**What to do**
The reply should hold only the lines from the one with "HOLE RECESS DIMENSIONS" to the one with "Für die spezielle", both ends kept, exactly as they appear below, without any pictures.
[Opening Extracted records section]
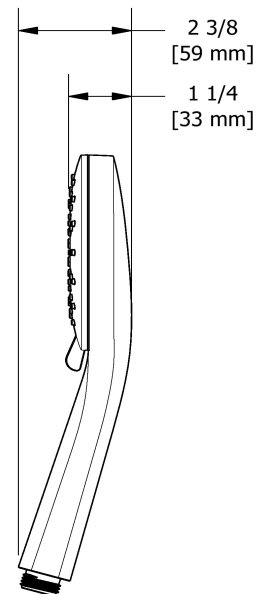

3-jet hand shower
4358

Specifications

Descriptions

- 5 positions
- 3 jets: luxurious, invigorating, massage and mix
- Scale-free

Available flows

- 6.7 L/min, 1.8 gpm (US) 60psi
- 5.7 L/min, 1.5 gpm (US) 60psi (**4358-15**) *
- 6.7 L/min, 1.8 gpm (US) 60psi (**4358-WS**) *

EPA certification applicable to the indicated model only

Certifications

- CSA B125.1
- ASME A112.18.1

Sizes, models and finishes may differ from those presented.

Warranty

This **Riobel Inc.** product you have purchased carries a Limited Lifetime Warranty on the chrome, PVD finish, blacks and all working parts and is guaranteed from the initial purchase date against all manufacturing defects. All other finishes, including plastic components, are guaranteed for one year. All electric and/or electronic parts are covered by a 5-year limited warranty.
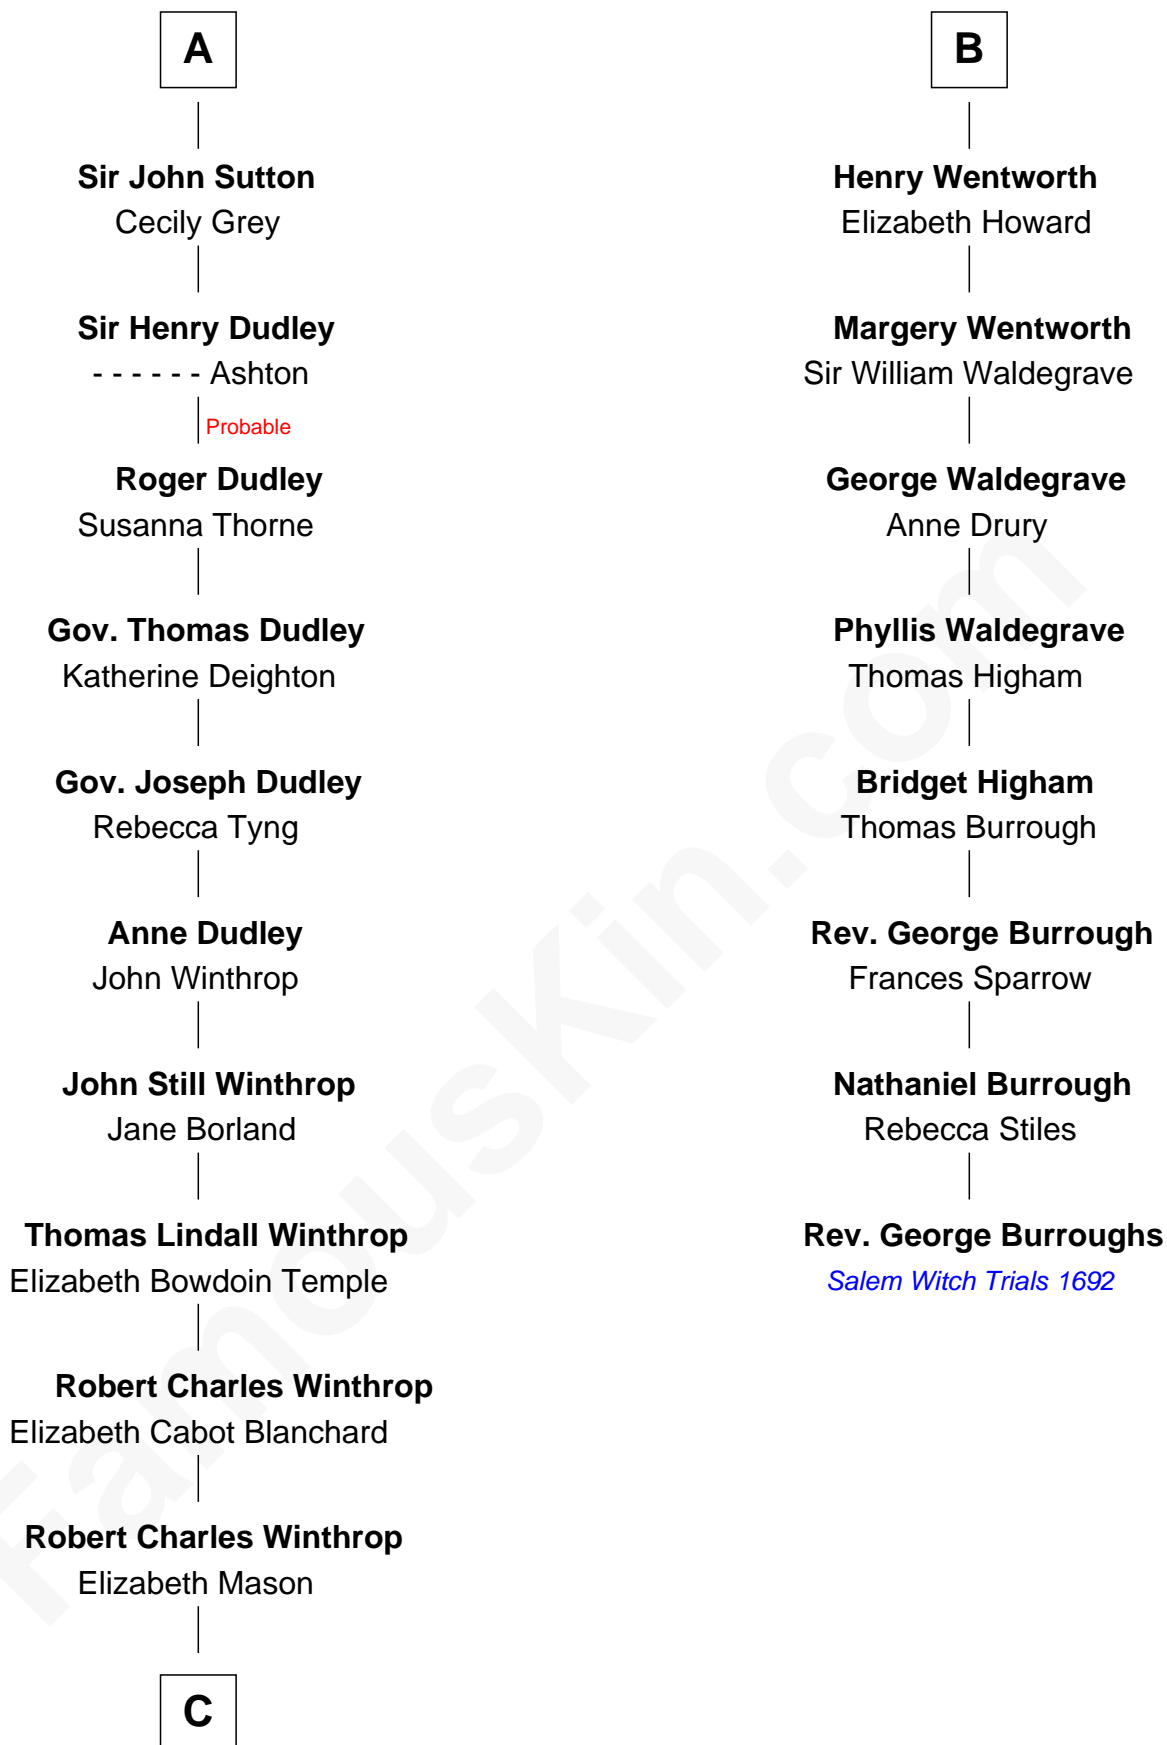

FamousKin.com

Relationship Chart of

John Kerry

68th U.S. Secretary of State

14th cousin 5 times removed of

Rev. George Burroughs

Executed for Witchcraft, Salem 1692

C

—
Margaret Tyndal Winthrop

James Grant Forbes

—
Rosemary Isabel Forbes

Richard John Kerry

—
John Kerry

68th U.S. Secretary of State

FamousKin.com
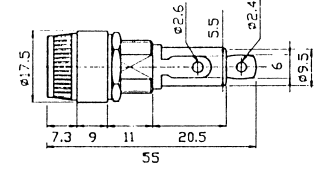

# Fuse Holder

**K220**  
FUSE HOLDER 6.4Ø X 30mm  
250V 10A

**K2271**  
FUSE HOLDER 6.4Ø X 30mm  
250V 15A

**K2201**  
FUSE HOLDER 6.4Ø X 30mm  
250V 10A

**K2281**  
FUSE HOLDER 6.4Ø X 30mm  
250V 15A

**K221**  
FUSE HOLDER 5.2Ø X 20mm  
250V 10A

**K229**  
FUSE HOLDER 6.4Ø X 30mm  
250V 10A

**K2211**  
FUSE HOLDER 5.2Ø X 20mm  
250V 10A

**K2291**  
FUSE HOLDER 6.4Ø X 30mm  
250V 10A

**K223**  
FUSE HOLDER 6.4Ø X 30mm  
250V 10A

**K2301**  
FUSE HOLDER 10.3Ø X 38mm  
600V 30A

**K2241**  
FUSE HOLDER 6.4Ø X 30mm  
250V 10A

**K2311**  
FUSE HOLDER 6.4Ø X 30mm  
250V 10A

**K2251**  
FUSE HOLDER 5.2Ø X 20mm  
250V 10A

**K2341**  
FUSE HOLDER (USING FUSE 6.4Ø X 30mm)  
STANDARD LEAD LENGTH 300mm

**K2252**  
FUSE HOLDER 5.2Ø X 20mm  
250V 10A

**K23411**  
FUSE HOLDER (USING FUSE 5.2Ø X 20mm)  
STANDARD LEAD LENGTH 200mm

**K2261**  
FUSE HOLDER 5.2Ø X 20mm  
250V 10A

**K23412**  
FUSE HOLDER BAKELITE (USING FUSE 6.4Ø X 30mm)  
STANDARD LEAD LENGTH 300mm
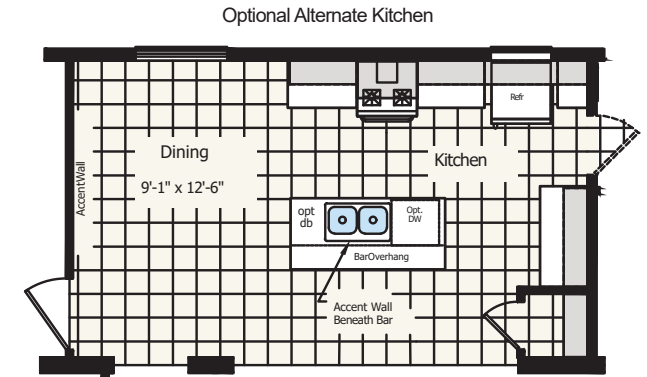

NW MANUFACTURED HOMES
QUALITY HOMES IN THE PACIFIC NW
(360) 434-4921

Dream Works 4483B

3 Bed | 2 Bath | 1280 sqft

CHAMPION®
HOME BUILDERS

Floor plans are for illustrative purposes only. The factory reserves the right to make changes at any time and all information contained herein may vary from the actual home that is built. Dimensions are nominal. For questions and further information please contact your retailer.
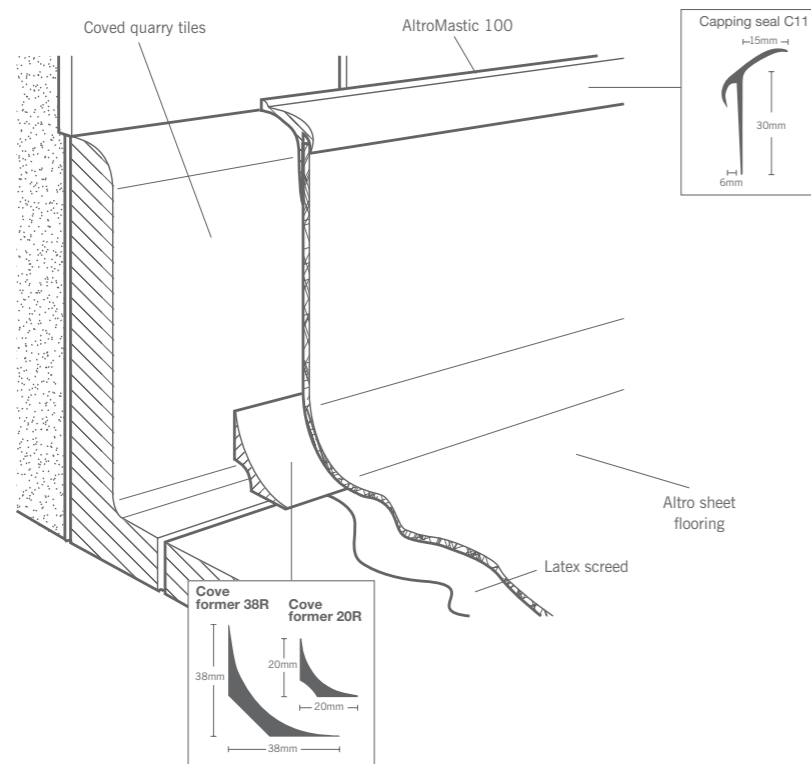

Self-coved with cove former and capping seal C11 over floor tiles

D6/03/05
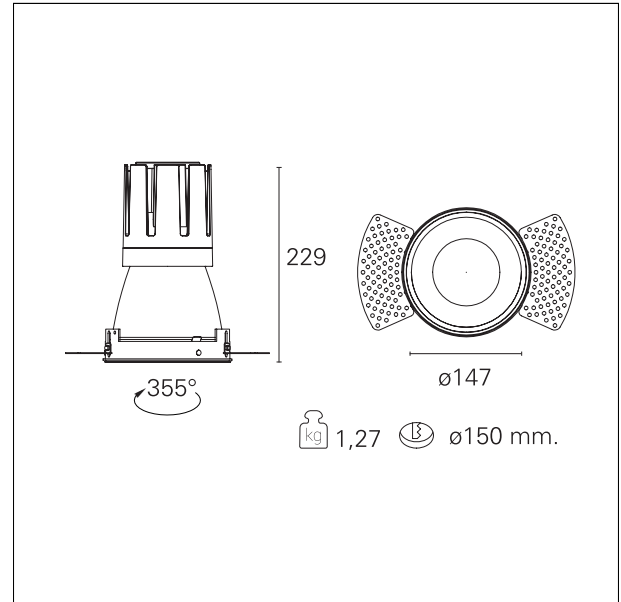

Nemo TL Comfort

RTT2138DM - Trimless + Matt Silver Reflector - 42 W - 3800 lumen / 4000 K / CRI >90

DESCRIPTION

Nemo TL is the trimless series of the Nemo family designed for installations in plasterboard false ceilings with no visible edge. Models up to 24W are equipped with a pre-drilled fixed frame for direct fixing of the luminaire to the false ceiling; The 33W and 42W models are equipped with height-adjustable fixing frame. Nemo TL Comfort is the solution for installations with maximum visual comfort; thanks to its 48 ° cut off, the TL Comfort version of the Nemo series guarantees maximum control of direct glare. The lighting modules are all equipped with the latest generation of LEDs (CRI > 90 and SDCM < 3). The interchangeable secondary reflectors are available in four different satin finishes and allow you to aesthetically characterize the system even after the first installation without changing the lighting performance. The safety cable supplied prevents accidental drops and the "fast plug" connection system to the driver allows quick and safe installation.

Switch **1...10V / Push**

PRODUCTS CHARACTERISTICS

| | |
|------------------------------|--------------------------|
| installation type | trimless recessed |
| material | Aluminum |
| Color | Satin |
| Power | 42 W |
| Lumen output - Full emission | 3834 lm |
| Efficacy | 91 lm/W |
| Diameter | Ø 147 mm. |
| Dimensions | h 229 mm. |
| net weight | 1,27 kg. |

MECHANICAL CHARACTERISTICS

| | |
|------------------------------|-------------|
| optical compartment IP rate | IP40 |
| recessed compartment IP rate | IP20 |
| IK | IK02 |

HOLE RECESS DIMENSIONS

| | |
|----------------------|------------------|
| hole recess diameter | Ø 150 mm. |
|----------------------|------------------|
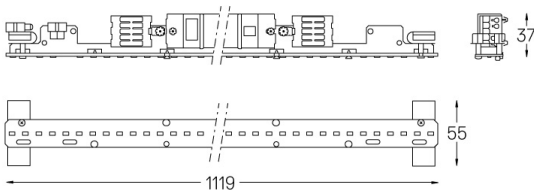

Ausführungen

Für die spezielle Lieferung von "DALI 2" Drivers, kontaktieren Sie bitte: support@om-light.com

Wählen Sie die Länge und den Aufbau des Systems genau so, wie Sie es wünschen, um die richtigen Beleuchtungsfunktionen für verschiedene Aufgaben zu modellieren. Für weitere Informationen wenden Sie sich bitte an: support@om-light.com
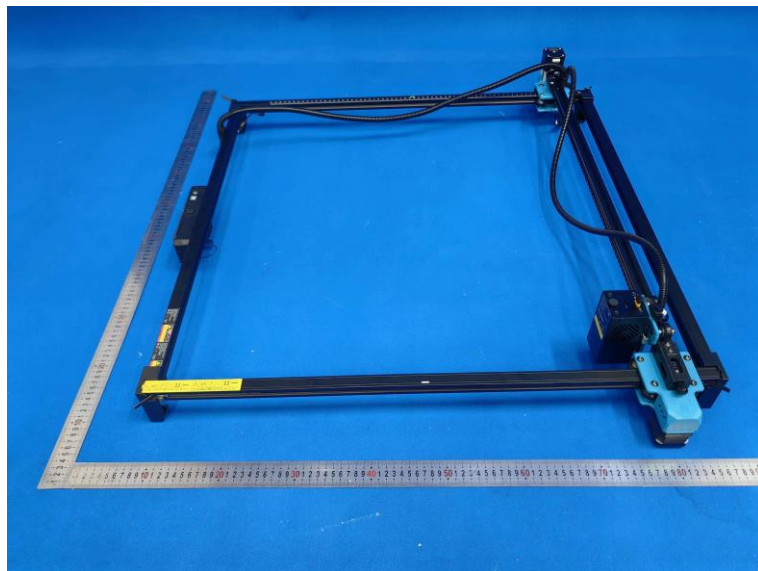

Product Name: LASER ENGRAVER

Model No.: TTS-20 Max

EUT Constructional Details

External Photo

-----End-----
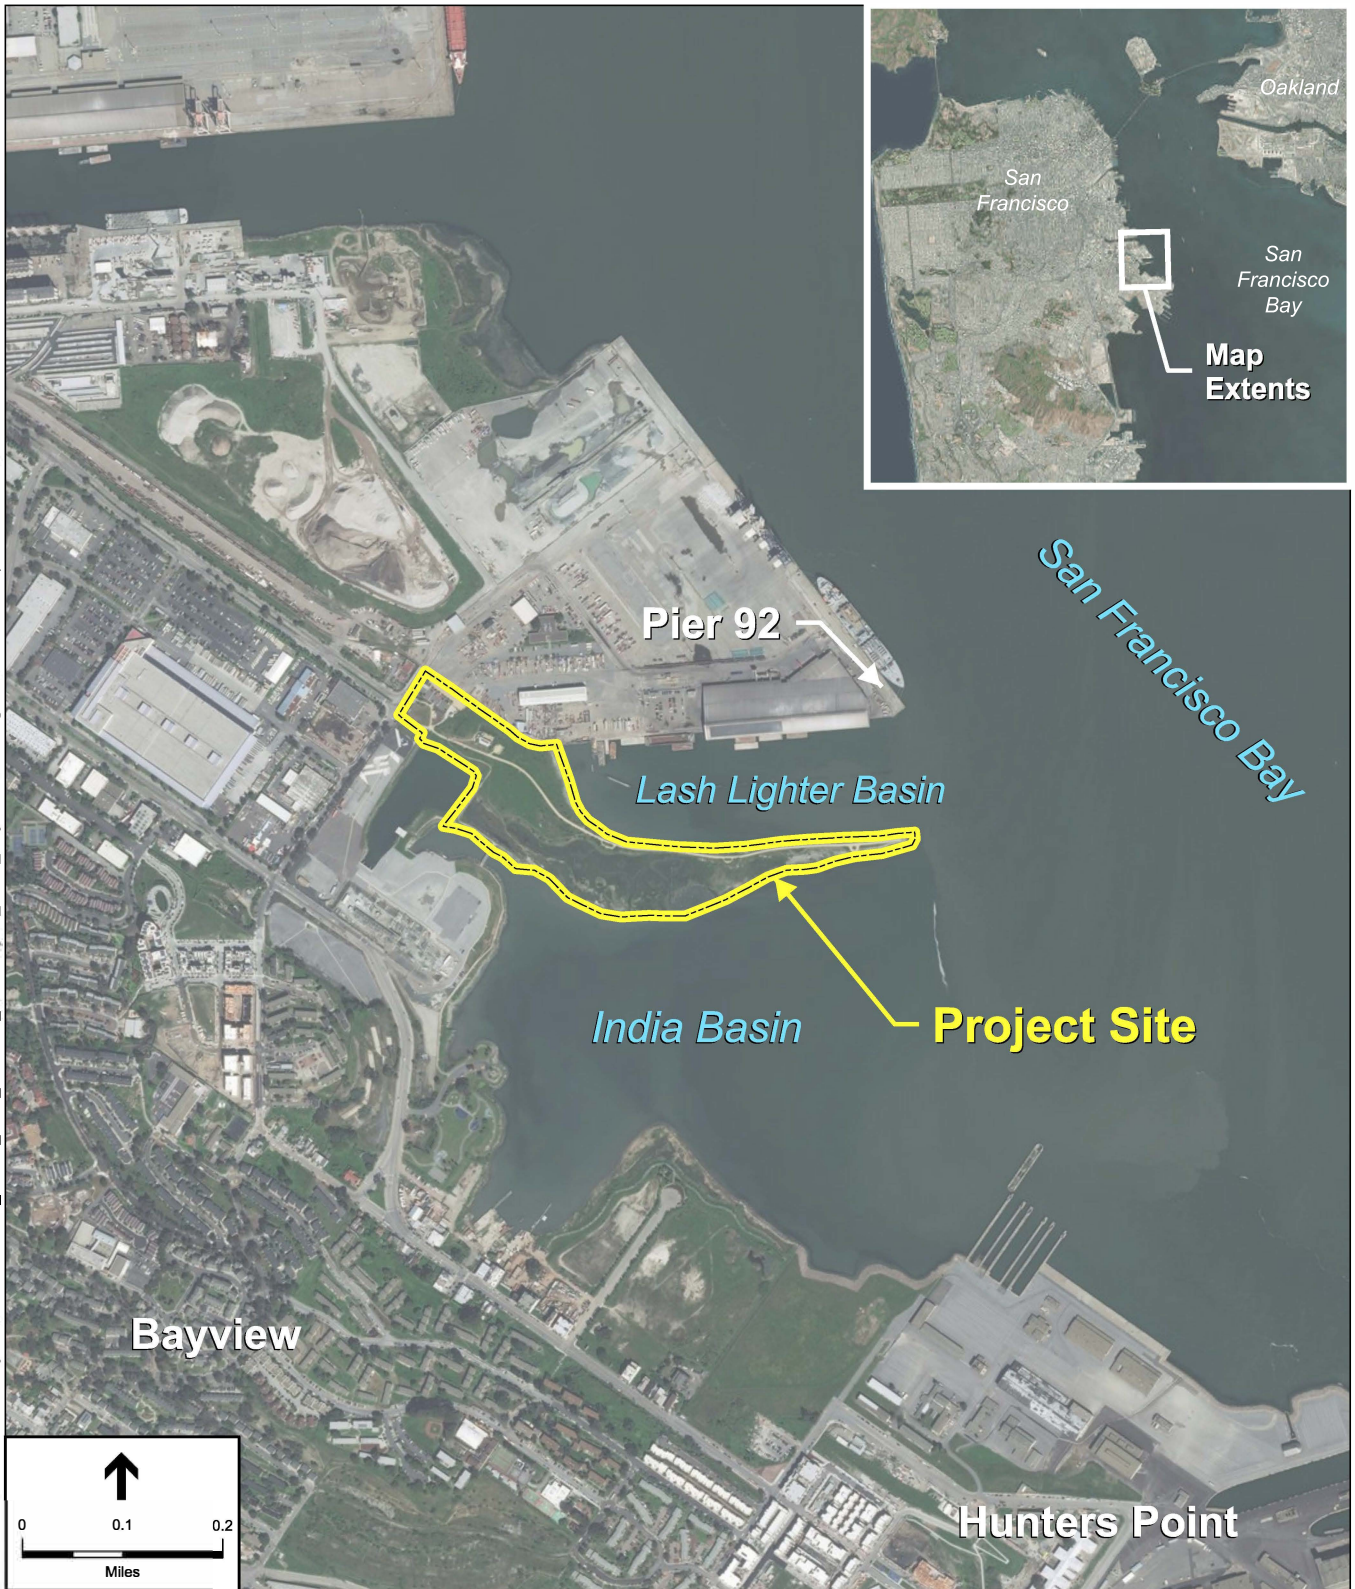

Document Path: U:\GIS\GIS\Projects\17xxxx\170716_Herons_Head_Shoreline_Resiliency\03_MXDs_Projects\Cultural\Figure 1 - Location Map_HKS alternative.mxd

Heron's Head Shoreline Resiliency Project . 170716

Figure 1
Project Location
[Closing Extracted records section]
**Answer space**
HOLE RECESS DIMENSIONS

| | |
|----------------------|------------------|
| hole recess diameter | Ø 150 mm. |
|----------------------|------------------|

Ausführungen

Für die spezielle Lieferung von "DALI 2" Drivers, kontaktieren Sie bitte: support@om-light.com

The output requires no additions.